Prompt:
Quote the lines below from the one containing "CR Rec 832x281" to the final line, both ends included; exclude the pictures.

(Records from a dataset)
###

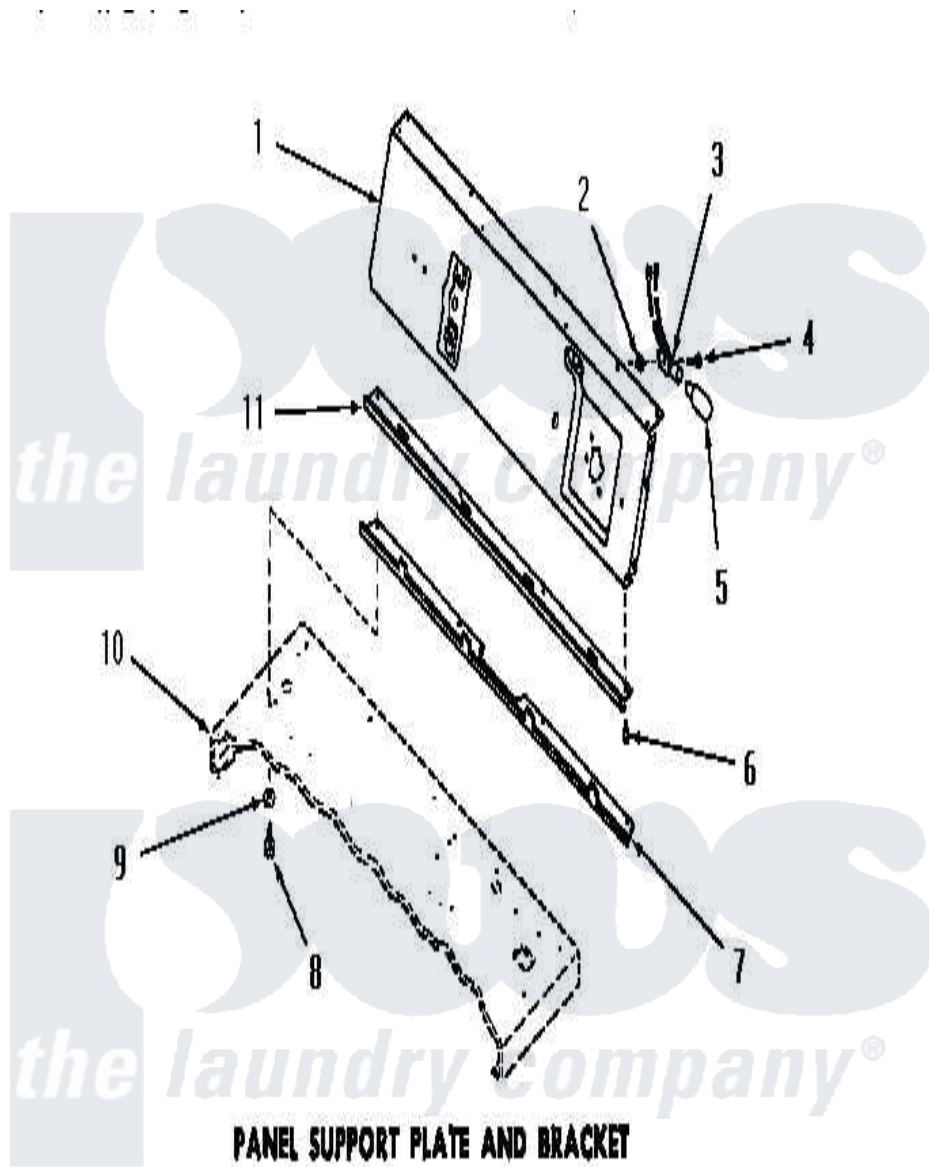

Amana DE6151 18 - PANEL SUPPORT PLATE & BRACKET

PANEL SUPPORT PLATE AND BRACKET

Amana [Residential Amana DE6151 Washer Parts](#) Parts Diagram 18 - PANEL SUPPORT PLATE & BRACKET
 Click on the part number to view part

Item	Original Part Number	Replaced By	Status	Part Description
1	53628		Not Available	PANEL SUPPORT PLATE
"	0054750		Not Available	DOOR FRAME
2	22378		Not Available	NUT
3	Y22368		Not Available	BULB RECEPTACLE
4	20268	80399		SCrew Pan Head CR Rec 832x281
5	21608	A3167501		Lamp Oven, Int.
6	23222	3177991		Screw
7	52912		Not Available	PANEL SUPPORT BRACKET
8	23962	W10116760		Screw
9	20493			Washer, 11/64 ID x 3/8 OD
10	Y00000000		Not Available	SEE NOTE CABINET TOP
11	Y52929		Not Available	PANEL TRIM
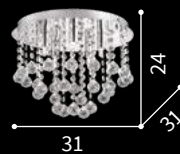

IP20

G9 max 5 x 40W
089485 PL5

###

Answer for the task:
4	20268	80399		SCrew Pan Head CR Rec 832x281
5	21608	A3167501		Lamp Oven, Int.
6	23222	3177991		Screw
7	52912		Not Available	PANEL SUPPORT BRACKET
8	23962	W10116760		Screw
9	20493			Washer, 11/64 ID x 3/8 OD
10	Y00000000		Not Available	SEE NOTE CABINET TOP
11	Y52929		Not Available	PANEL TRIM

IP20

G9 max 5 x 40W
089485 PL5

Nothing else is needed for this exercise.